The spare production includes a haunting refrain of verses, also written by Wortsman, entitled A Nursery Rhyme for Dead Children. Sung by Zoe Langsdale, they suggest feelings (anguish, horror, guilt) that the Tattooed Man cannot express. Those who have heard testimonies from Holocaust survivors or met them will recognize the psychological/spiritual dissonance that Langsdale and Wortsman aim to capture. While the production suffers from some uneven sound and might have benefited from an outside director, it is an effectively moving effort to pay homage to survivors of the Holocaust.

It must be noted that Wortsman’s efforts to record these voices in the 1970s was visionary. Aside from projects involving writers such as Elie Wiesel, capturing this kind of testimony did not really catch on until William Styron’s 1979 novel Sophie’s Choice and the subsequent 1982 film.
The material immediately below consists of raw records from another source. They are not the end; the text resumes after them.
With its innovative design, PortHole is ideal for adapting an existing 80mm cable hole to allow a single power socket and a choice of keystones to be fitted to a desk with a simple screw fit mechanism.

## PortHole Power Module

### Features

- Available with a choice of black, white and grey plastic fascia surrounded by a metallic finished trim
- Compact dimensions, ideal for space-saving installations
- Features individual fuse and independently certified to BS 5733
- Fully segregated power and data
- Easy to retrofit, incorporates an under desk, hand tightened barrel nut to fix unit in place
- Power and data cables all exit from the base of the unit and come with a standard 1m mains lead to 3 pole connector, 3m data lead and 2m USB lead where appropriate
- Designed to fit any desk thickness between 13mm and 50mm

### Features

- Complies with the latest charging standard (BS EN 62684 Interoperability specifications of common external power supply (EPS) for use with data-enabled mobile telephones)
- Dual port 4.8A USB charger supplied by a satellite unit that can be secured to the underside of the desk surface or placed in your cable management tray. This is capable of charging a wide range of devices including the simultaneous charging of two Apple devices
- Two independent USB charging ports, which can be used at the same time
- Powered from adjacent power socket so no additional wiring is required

It wasn’t until a decade later, with Steven Speilberg’s blockbuster Schindler’s List, that Holocaust survivors were invited to speak publicly all over the world. Spielberg donated profits from the film to establish the USC Shoah Foundation, which over the decades has collected thousands of firsthand accounts of the Holocaust. But, if you do the math, survivors who had been adults during the Shoah were quite elderly 40 years later. Many had already passed away by the time speaking about the experience had become an accepted practice.

So, with this compilation script, Wortsman has made a valuable contribution, a rare account of how living through the unspeakable shaped adult survivors. And the topic  —  six million Jews and another five million others murdered at the hands of the Nazis — is nothing if not timely. Today we are grappling with the rise of anti-Semitism as well as fresh outcries over the genocide of Native Americans. Also, there is the rise of racism and xenophobia amid a strengthening of authoritarian projects internationally. Many are beginning to recognize that there is a lot of difficult work to do. Genuine transformation will not come without pain. As the Tattooed Man says, “We’re all damaged goods. The wheels still turn but you can hear the gears grinding.”
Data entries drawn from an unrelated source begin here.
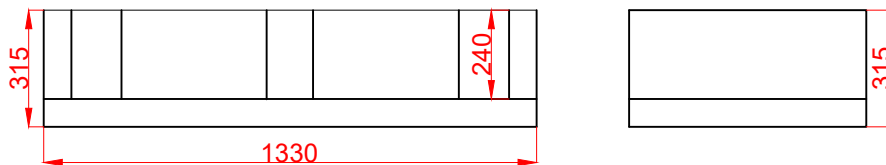

Wood Storage Option
 Can be placed beneath the Garden Fire 1200

Measure in mm

Garden Fire1200 Sap Code 148251

Subject: Garden Fire1200

Wood Storage Option Sap Code
 148250

SCHIEDEL
ISOKERN
 TEL (01202) 861650
 FAX (01202) 861632
 www.schiedel.co.uk

Area:	Scale:	Date:	Drawing No:
dm ²	1:20	19/02/19	G1200 2D
Mass:	Tol.:	Rev.:	Drawn By:
l.	± 3 mm	2	T Oliver
Material:			
Pumice

David Greenham is an adjunct professor of Drama at the University of Maine at Augusta, and is the Associate Director for the Holocaust and Human Rights Center of Maine. He is the current chair of the Maine Arts Commission, and has been a theater artist and arts administrator in Maine for more than 25 years.

1 Comments

  1. Bill Marx on November 22, 2020 at 9:37 am

    More evidence that this play (and others on 20th century genocides and those in the making) should be produced. A recent survey found almost a quarter of people in US aged 18-39 said they believed the Holocaust was either a myth, had been exaggerated, or were not sure about the extent of the genocide. One of the more alarming findings — Majority of Americans Polled Believe Something Like the Holocaust Could Happen Again.